At least 38 of 41 endangered species in the Northeast have increased in number or maintained stable populations since being listed, the report says. About 7 percent of species are in decline. No species has become extinct since being listed. The analysis included all species for which there were at least six years of data and a recovery timeline, comprising 73 percent of those listed.

"We find that the Endangered Species Act has been remarkably successful in the region," said the CBD report.

In particular, the bald eagle soared from 417 pairs in 1963 to 7,230 by 2003. Populations of the American peregrine falcon, the Atlantic piping plover, the humpback whale, the Puritan tiger beetle, and the American Hart's-tounge fern also increased.
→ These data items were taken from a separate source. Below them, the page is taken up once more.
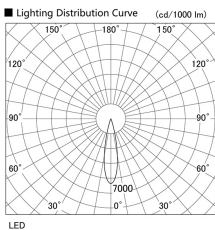

Item no. DD105-2120W9040

Series Name: Φ 100 Lens type Adjustable downlight

Installation	Recessed mount
Type	Φ 100 Lens type Adjustable downlight
Fixture wattage	21W
Beam angle	22 deg
Color Temp.	4000K
CRI	Ra>90
Luminous	1997 lm
Body	Die-cast aluminum alloy
Body finish	N/A
Trim finish	White
Reflector finish	N/A
IP Rate	IP20
Light source	COB module
Input Voltage	AC220~240V
Dimming Type	Non-Dimmable
Certificate	CE, CCC
Cut Hole	100mm

Height (Weight)	
31.8W	127 (0.9kg)
24.3W	127 (0.9kg)
21.0W	92 (0.8kg)
14.0W	92 (0.8kg)
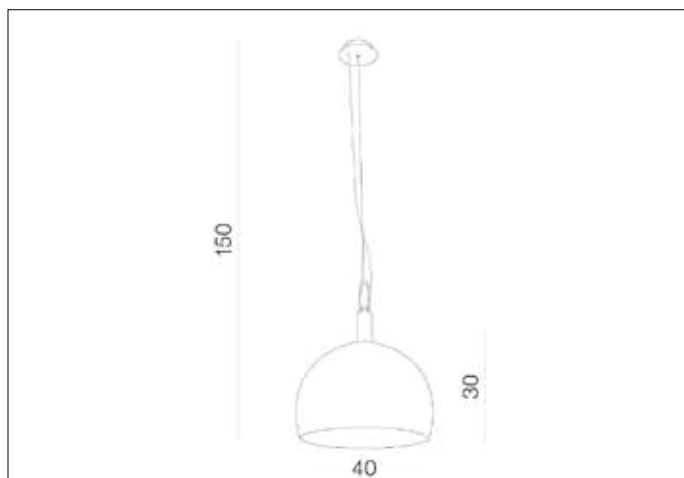

AZzardo[®]
LIGHTING

GIO PENDANT
AZ2469, EAN 5901238424697

Dimensions height / width / length [cm] Product Specifications

Product	150 x 40 x N/A
Mounting inlet:	N/A x N/A x N/A
Ceiling base:	2,5 x 13 x N/A
Shades	25 x 40 x N/A

Line	DECORATIVE
Type	Pendant
Type of track	N/A
Colour	White
Material	Metal / PC
Light source	1
Type of socket	E27
Lumens	N/A
Kelvins	N/A
Beam angle	N/A
Dimmable	N/A
CCT	N/A
RGB	N/A
RA	N/A
App remote control	N/A
Remote control	N/A
Voltage	230V
Power	max LED 40W
Switch location	N/A
Protection class	IP20
Tilt	N/A
Rotation	N/A

Shipping info height / width / length [cm]

BOX 1:	28 x 42 x 42
BOX 2:	N/A x N/A x N/A
BOX 3:	N/A x N/A x N/A
Net weight [kg]	1,8
Gross weight [kg]	2,2

Energy efficiency

N/A

Azzardo Sp. z o.o.
ul. Strzeszyńska 33 60-479 Poznań,
NIP: 929-185-75-07
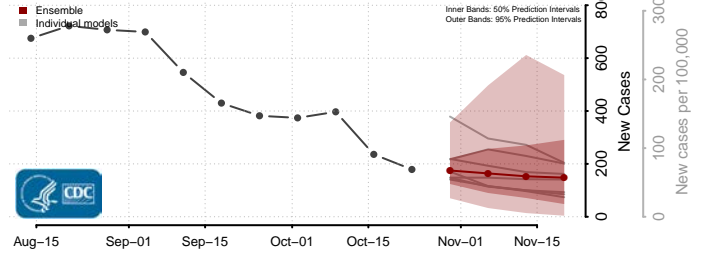

Sangamon County, Illinois

Schuyler County, Illinois

Scott County, Illinois

Shelby County, Illinois

St. Clair County, Illinois

Stark County, Illinois

Stephenson County, Illinois

Tazewell County, Illinois
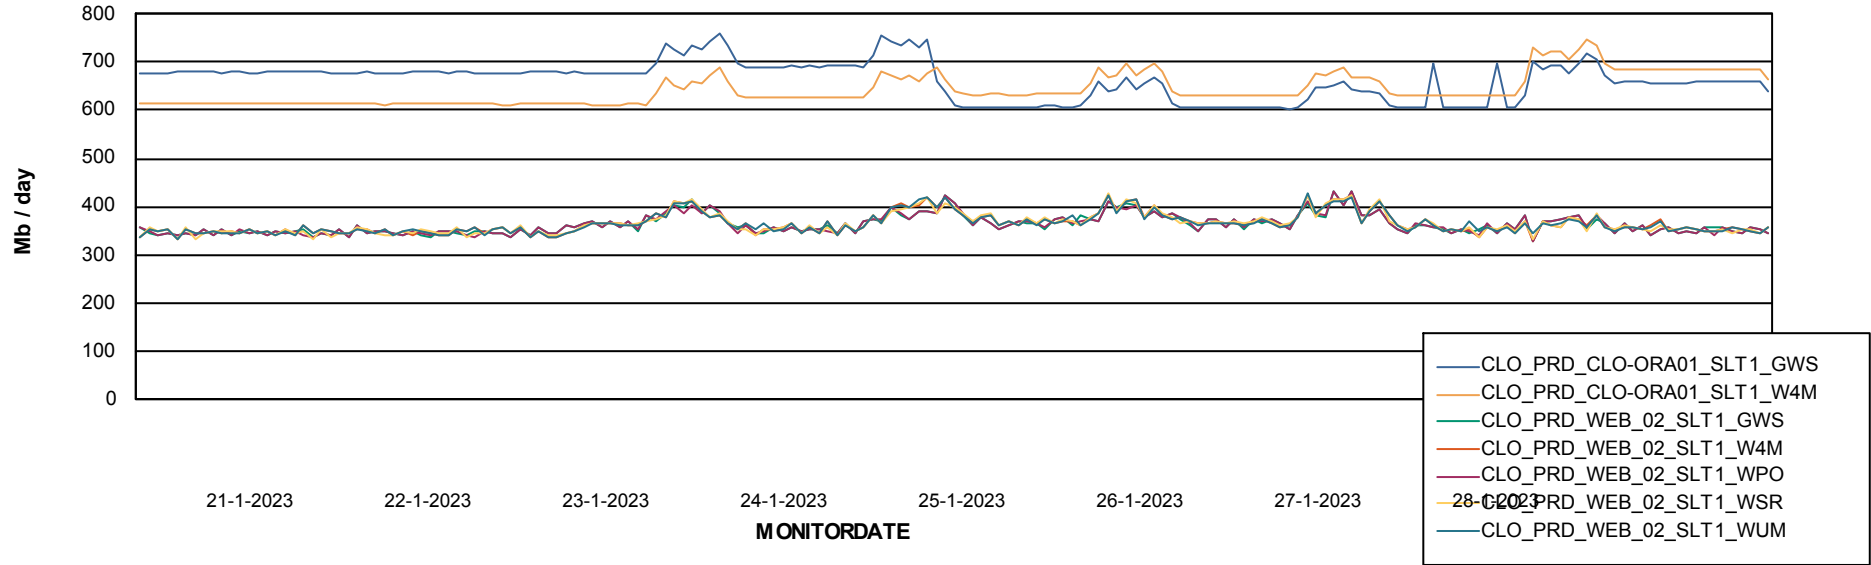

ABSSolute Application ReportServer Services

Avg memory used per ReportServer Service

Weekly SLA Customer Report

Customer CLO Production
Database ID 38

ABSolute Web Component Services

Avg memory used per ABS Web component
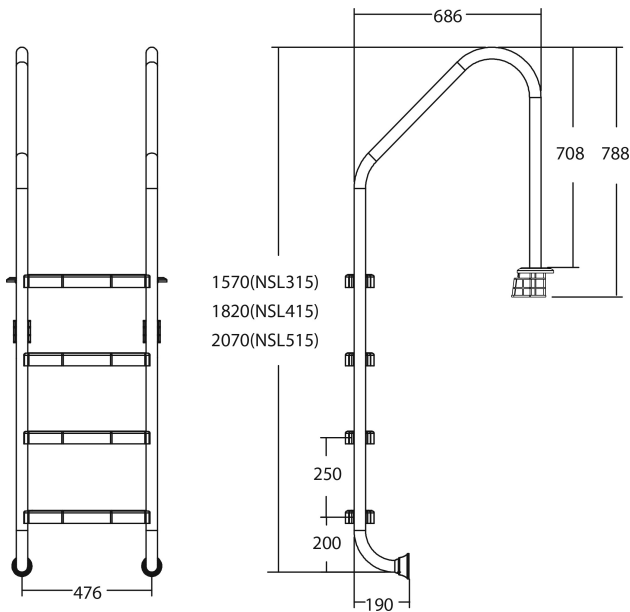

Flotide Pool steps stainless steel 316 type anchor wide model 3 steps (7026929)

FLOTIDE

TECHNICAL SPECIFICATIONS

Type anchor wide model

Material stainless steel 316

Number of Steps 3

PRODUCT INFORMATION

Flotide pool ladder (wide model) is attached 496 mm behind the pool edge. All ladders include an anti-slip pad.

"It often takes many years on the [ESA] list before some populations even begin to rebound," says Peter Galvin, CBD conservation director. "These species didn't become endangered overnight, and people shouldn't expect them to recover overnight."

That's unlikely to satisfy those in Congress who say the act is a boondoggle. Less than 1 percent of the endangered species put on the list since 1973 have recovered enough to be taken off, critics say.

Leading the way to change the ESA is Rep. Richard Pombo (R) of California, chairman of the House Resources Committee. He sponsored ESA overhaul legislation that passed the House last fall. Similar ESA legislation could surface in the Senate as soon as this month, observers say.